Napisał
LukeMike
Dzwoniłem do tych chamów w sprawie Santka, pierwsze co spytałem to jak z rdzą, dostałem odpowiedź że nigdzie nie ma absolutnie że wiedzą co sprzedają, no to mówię że super że jak pod spodem też nic nie ma to cymes, gościu do mnie "nie no pod spodem nie sprawdzaliśmy" ale wiemy co sprzedajemy bo sami w 2012 sprowadzaliśmy to auto dla klienta i wiemy co mamy.

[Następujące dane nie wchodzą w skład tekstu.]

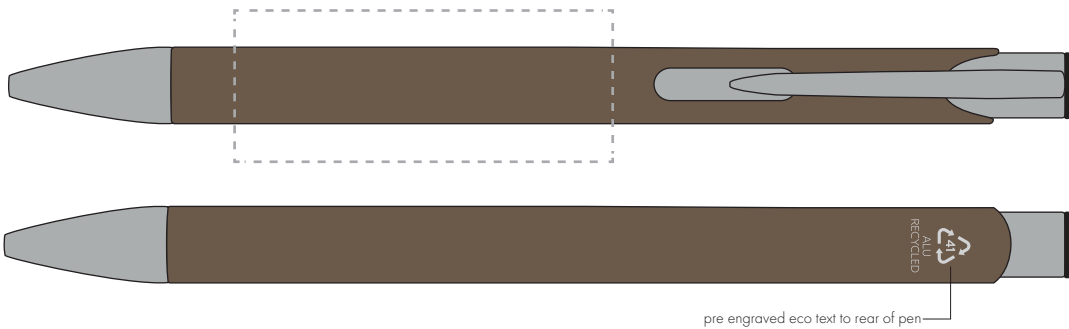

Your Ref:  
Our Ref:

Quantity:  
Version: 1

Product Code: TPC982001  
Product Colour: BROWN

**PRINTING CONCERNS:**

We stock this item in the following colours

**PANTONE REFERENCE(S)**

● Engrave

ARTWORK SCALE 100%

ARTWORK SCALE 100%  
Rotary Engrave Area:  
50mm x 20mm

Product Image for visualisation  
- colours may vary

The dashed line is to demonstrate print area and will not appear on your printed item

**PLEASE NOTE:**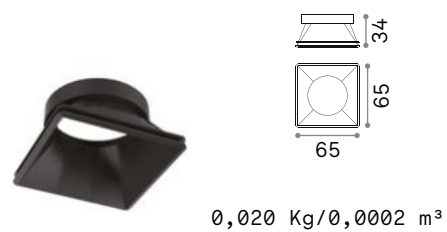

Dynamic Square

REFLECTOR Required
SYMMETRICAL

Finish	Code
White	211817
Black	211824

FRAME Required

Finish	Code
White	208725
Black	208732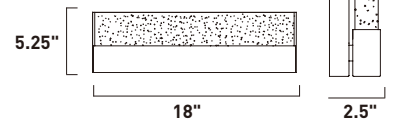

E22753-89PC
Bath Vanity

C

E22754-89PC
Bath Vanity

D

ITEM #	FINISH	LAMPING	DIMENSION	HCO	LUMENS	Additional Information	
A	E22751	89PC	2 x 3W LED (Integrated)	5"W x 5.5"H x 3.75"Ext.	2.5"	420	
B	E22752	89PC	4 x 3W LED (Integrated)	14.5"W x 5.5"H x 3.75"Ext.	2.5"	840	
C	E22753	89PC	6 x 3W LED (Integrated)	22"W x 5.5"H x 3.75"Ext.	2.5"	1260	
D	E22754	89PC	8 x 3W LED (Integrated)	29.5"W x 5.5"H x 3.75"Ext.	2.5"	1680	

Finish: Etched/Bubble glass (89) Polished Chrome (PC)

E22755-89PC
Bath Vanity

E

E22756-89PC
Bath Vanity

F

E22757-89PC
Bath Vanity

G

	ITEM #	FINISH	LAMPING	DIMENSION	LUMENS	Additional Information
E	E22755	89PC	2 x 3W LED (Integrated)	5"W x 5.25"H x 2.5"Ext.	420	
F	E22756	89PC	2 x 15W LED (Integrated)	18"W x 5.25"H x 2.5"Ext.	2100	
G	E22757	89PC	2 x 22W LED (Integrated)	24"W x 5.25"H x 2.5"Ext.	3000	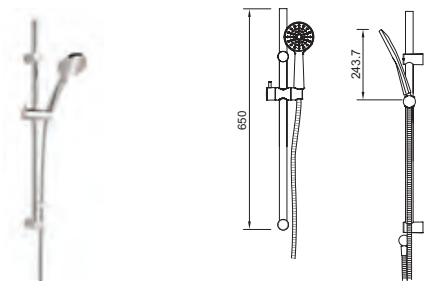

Pennington Single Mode Shower Kit

- Riser rail features adjustable bracket (max 610mm) - ideal for retrofit
- Double interlocked 1.5m hose
- Rub clean nozzles
- Includes hose retainer to prevent back siphonage and cross contamination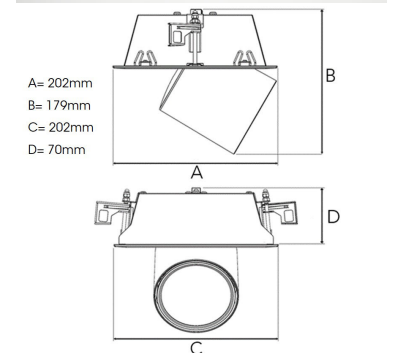

TECHNICAL SPECIFICATION

Product Code	306-533-20
Colour	Black
Control	On/off
CRI light colour	930 (BBBL)
Delivered lumen output lm	3970
Driver	Stand alone, included
EEL	E
Light distribution	Wide flood
Lightsource	LED COB
Mains input voltage	220-240 V
Measurements A	202
Measurements B	179
Measurements C	202
Measurements D	70
Mounting	Recessed
Position	360°/60°
Lifetime	L80 B10, 50.000h
Protection	IP 20, class III
Sawing instructions x	177
Sawing instructions y	191
Start Time	Instant
System power W	35
Unit	mm
Weight	1,1

Spot		Medium		Flood		Wide Flood	
m	ø	m	ø	m	ø	m	ø
1.0	0.25	1.0	0.48	1.0	0.69	1.0	1.07
2.0	0.49	2.0	0.95	2.0	1.39	2.0	2.14
3.0	0.74	3.0	1.43	3.0	2.08	3.0	3.22

177 x 191mm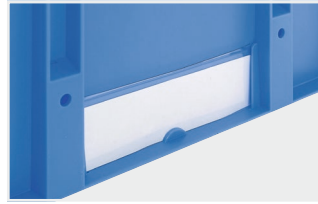

Other colours / special colours on request

European size stacking containers XL, with short side pick opening **XL64224** | Accessories

Labels
W 210 x H 74 mm
43-14557

Windows
for European size stacking
containers XL
43-18589

Label covers
for European size stacking
containers XL and small parts
containers KLT
W 209 x H 67 mm
9-20053

Drop-on lids
for European size stacking
containers XL
L 600 x W 400 mm
43-20301

Drop-on lids
for European size stacking
containers XL
L 600 x W 400 mm
43-20494

No to mówię że fajnie super i spytałem o tą cenę, że niby do negocjacji jest i ile tak realnie możemy ponegocjować, nagle c h a m zaczął cwaniakować że takie rzeczy nie przez telefon że nie ma mowy o takiej rozmowie, to mu mówię że jestem z Wrocławia i nie będę jechał 350km w jedną stronę jak wy nie wiecie co jest pod spodem a do tego nie wiadomo ile chcecie opuścić bo cena jest i tak bardzo wysoka jak za przed lifta i 350km robić żeby dowiedzieć się że pod spodem sama rdza a "negocjacja" ceny to 50zł. c h a m stwierdził "to pan nie przyjedzie i nie oglądnie no i co".
Za tą cenę i za to że nie wiedzą co pod spodem to będą sprzedawać i sprzedawać, nie mówię już o podejściu do klienta, nie każdy musi kolo ich wsi mieszkać i przejść się do nich na negocjacje.